In all truth, this cake was intended to culminate its existence in the form of a Washington Pie.  But, in order to turn a vanilla cake filled with gooseberry preserves into a proper Washington Pie, like the kind my grandmother makes for my visits to Canada, you’d need to cover the entire thing in a thick layer of whipped cream.  For today, though, I’m afraid that some semi-health conscious urge has stopped me from going to these lengths.   We instead, settle for a slice each, after dinner, with a heaped spoonful of low fat creme fraiche.

Find Your Farmer’s Market

Bermondsey Farmer’s Market Finds

Kermit the Frog wasn’t wrong.  It ain’t easy being green.  It ain’t cheap either.

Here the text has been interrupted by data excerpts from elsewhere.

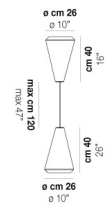

VOLUME Mc 0,2

PESO BRUTO Kg 12

PESO NETO Kg 8

download

ACABADO DEL DIFUSOR

BC/ST

ACABADO PARTES METÁLICAS

BC

OTRAS VERSIONES DISPONIBLES

Haga clic en la versión para ir a la versión web del producto

WITHW SP 18 G

WITHW SP 18 M

WITHW SP 18 P

WITHW SP 18 X

WITHW SP 26 G

WITHW SP 26 M

WITHW SP 26 P

WITHW SP 26 X

WITHW SP 36 G

WITHW SP 36 M

WITHW SP 36 P

WITHW SP 36 X

WITHW SP 46 G

WITHW SP 46 M

Buying things in glass bottles & recycled cardboard punnets.  Weighing up whether to buy the organic milk from the big chain store or the regular milk from the small local shop.  Thank God for Saturdays when throughout the UK and North America, farmers and small producers flock to the towns and cities and put up their stalls to flog their wares for the day.  Thank God for the Farmer’s Market.  Suddenly the anxiety from the constant onslaught of ethical decisions I associate with buying food melt away, and I can just enjoy the experience of buying good food and having a ‘good chinwag’ (as my boyfriend so delicately puts it) with the producers.

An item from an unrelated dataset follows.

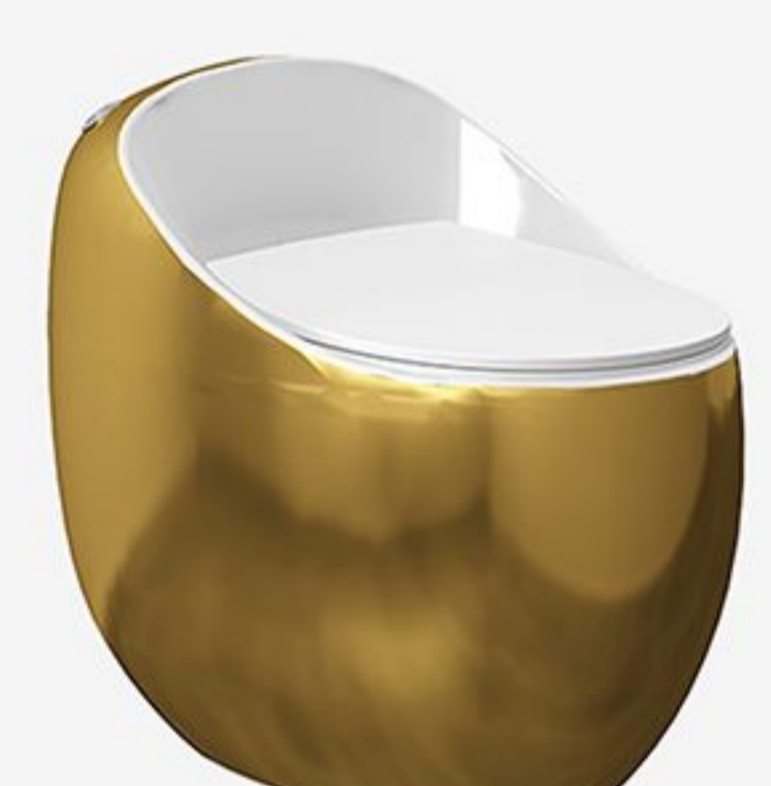

金黄色
/ Golden yellow

Sometimes you don’t have the extra money to buy as your ethics would guide you.  Sometimes you just don’t have the time.  Sometimes the products you want just aren’t available.  (Seriously, just try to find organic tonic!)  But sometimes, just sometimes, you’ll be suprised.

Today I went to Bermondsey Farmer’s Market (in the heart of Bermondsey Square, for those of you who are interested) with £30 in my handbag.  It has been an expensive month so far, but despite that, I had intended to head out to the famous (and I might add extremely pricey) Borough Market to buy some organic basics for the week, I was halted in my tracks by a small green sign guiding me into Bermondsey Square.

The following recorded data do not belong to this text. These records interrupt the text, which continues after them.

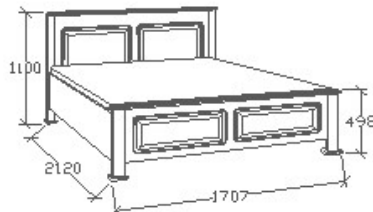

BRUTTÓ ÁR

1-TÖLGY	447 000 Ft
2-CSERESZNYE	536 500 Ft
3-FEKETEDIÓ	626 000 Ft
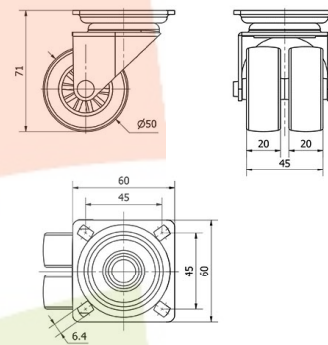

SERIE IDC-IDC Azul 1-0638

EAN 8422202106380

Nuestra gama de ruedas de decoración IDC cromado pulido está recomendada para muebles de interior, mesitas, muebles auxiliares, expositores, decoración, cajas apilables, vitrinas, taburetes, bricolaje, equipos de belleza y peluquerías, espacios comerciales, interiorismo, tiendas de moda, muebles de diseño, hogar.

Datos técnicos

Tipo Soporte	Giratorio
Tipo Fijación	Platina
Tipo Freno	Sin Freno
Material	Policarbonato-Decoración
Cojinete	Liso
Diámetro (mm)	50
Ancho de banda (mm)	53
Medidas de la placa (mm)	60x60
Distancia entre agujeros (mm)	45x45
Diámetro agujero (mm)	6
Altura total (mm)	71
Capacidad de carga (kg)	70
Peso Unitario de la rueda (kg)	0.3
Volumen (cm ³)	341

CAD

Para visualizar la imagen con mayor resolución y mas detalles técnicos, puedes acceder a la sección del CAD.

Soporte

Soporte de chapa de acero cromado pulido. Tipo de fijación: Pletina giratoria. Doble aro con banda de poliuretano y núcleo de policarbonato en colores transparentes. Disponible con freno (palanca negra). Color de los aros: azul o verde.

Rather than the few veg and bottle of organic gin which I had intended to buy at Borough Market, I instead came home laden with the following groceries.  Most organic.  All locally sourced.  And all for my £30.

  • 1 litre fresh Bramley apple juice from Norfolk (http://www.droveorchards.com/)
  • 1 large handful of samphire
  • 1 large bunch of flat leaf parsley, organic
  • 1 large garlic head, organic
  • 1 cucumber, organic
  • 1 fennel bulb, organic
  • 2 punnets gooseberries, organic
  • 4 punnets raspberries, organic
  • 1 100% rye bread, organic
  • 1 whole lemon sole, sustainably caught
  • 2 chicken thighs, organic & free range
  • 3 small buffalo steaks, organic
  • 6 eggs, organic & free range
  • 1 ball of fresh, homeade mozarella, organic
  • 1 large spanikopita
  • 2 small Portuguese custard tarts

I dare you to spend £30 at Tesco (or $50 at Loblaws for my Canadian readers) and do so well…

The spanikopita was absolutely yumlicious and I scoffed it for my lunch as soon as I got home.  The Bramley apple juice is extremely more-ish and very dry, and I suspect it will make an excellent apple gimlet – I do realise there is probably no such thing as an apple gimlet, but I decided on the way home that it sounded like a good idea.  A nice pre-dinner cocktail.  As a starter for dinner tonight, I think the mozarella ball will be nice, sliced thinly and served on a plate, alternated between slices of ripe vine tomatoes and basil leaves and sprinkled lightly with a sort of Portuguese version of fleur de sel which I have and some coarsely ground organic black pepper.  The chicken thighs will be massaged in butter before being doused in olive oil, garlic and slices of lemon and being roasted in the oven later tonight for my boyfriend’s dinner while I have the lemon sole on a bed of samphire.  I’ve never made lemon sole, but I recently saw on Saturday Kitchen how to ripe the skin off in one single, swift yank – not dissimilar to leg waxing actually.  Dessert will consist of the raspberries, which are already starting to melt, they’re so ripe, crudely poured overtop of the Portuguese custard tarts and followed by a cup of hot Ethiopian roast coffee.

So, not to sound pushy, but get out there, find your Farmer’s Market and buy something special to cook for someone you love.  Even that person is just you.